## [Instructions to follow]
Could you reproduce the line where "- ✓ Моющийся алюминиевый жировой фильтр" occurs and all lines after it in the listing below, through the final one, without changing anything?

## [Recorded data]

──────────

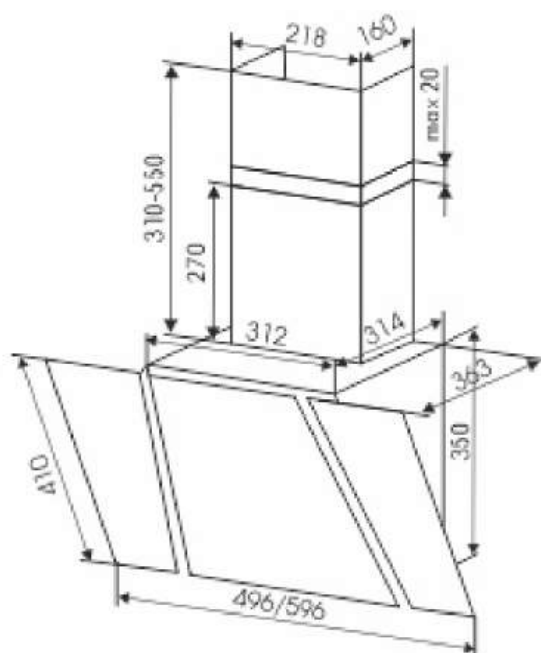

ОСОБЕННОСТИ:

- ✓ Моющийся алюминиевый жировой фильтр
- ✓ Работает в режиме отвода или рециркуляции при наличии угольного фильтра (дополнительная опция)

──────────

## [Reply]
- ✓ Моющийся алюминиевый жировой фильтр
- ✓ Работает в режиме отвода или рециркуляции при наличии угольного фильтра (дополнительная опция)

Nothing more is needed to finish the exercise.